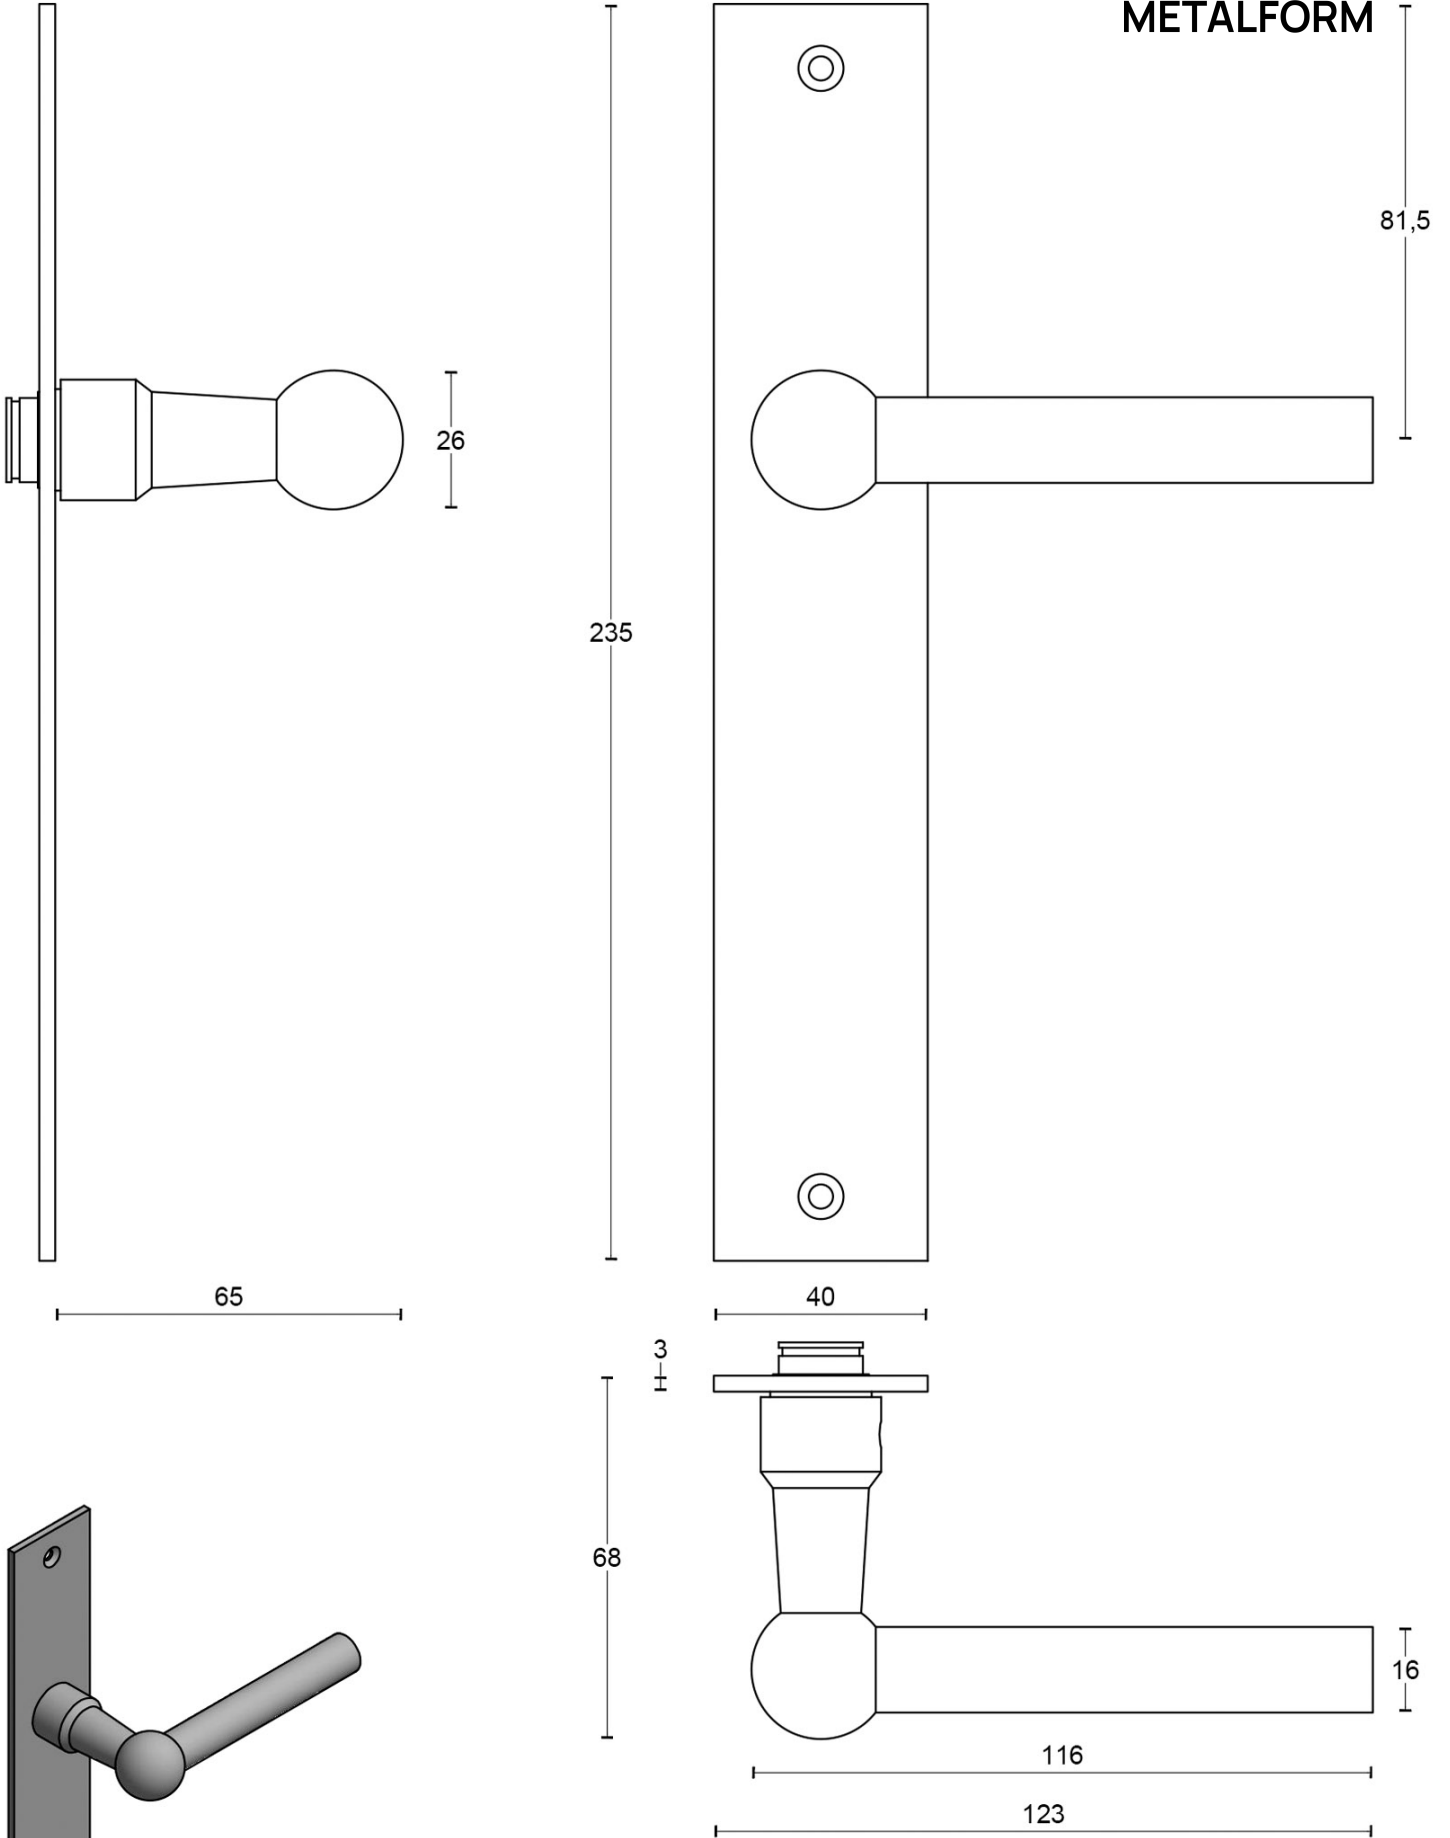

METALFORM

FORMANI®		Part number:		
		Description:		
Doc no.:	1501D083 FVL110P236SFC V01.dwg	FVL110P236SFC	Format:	
Drawn by:	Christian Brimbois		Creation date:	25-8-2017
FORMANI HOLLAND B.V. EUROPALAAN 12 6199 AB MAASTRICHT-AIRPORT NL T +31 (0)43 308 90 00 INFO@FORMANI.COM FORMANI.COM
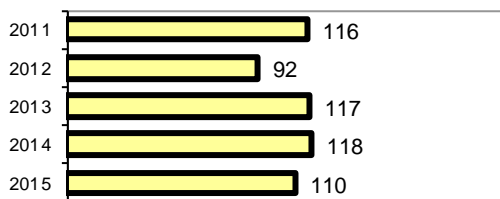

Total Arrests - 4 year trend

Group "B" Arrests	Arrests	
	Adult	Juvenile
Bad Checks	0	0
Curfew/Vagrancy	0	0
Disorderly Conduct	2	1
DUI	10	0
Drunkenness	0	0
Family Offense-nonviolent	1	0
Liquor Law Violation	1	4
Peeping Tom	0	0
Runaways	0	0
Trespass	1	0
All Other Offenses	39	7
Total Group "B"	54	12

## Aim of the task
If a line in the entries contains the word "Group", copy that line out.

## Task result
Group "B" Arrests	Arrests	
Total Group "B"	54	12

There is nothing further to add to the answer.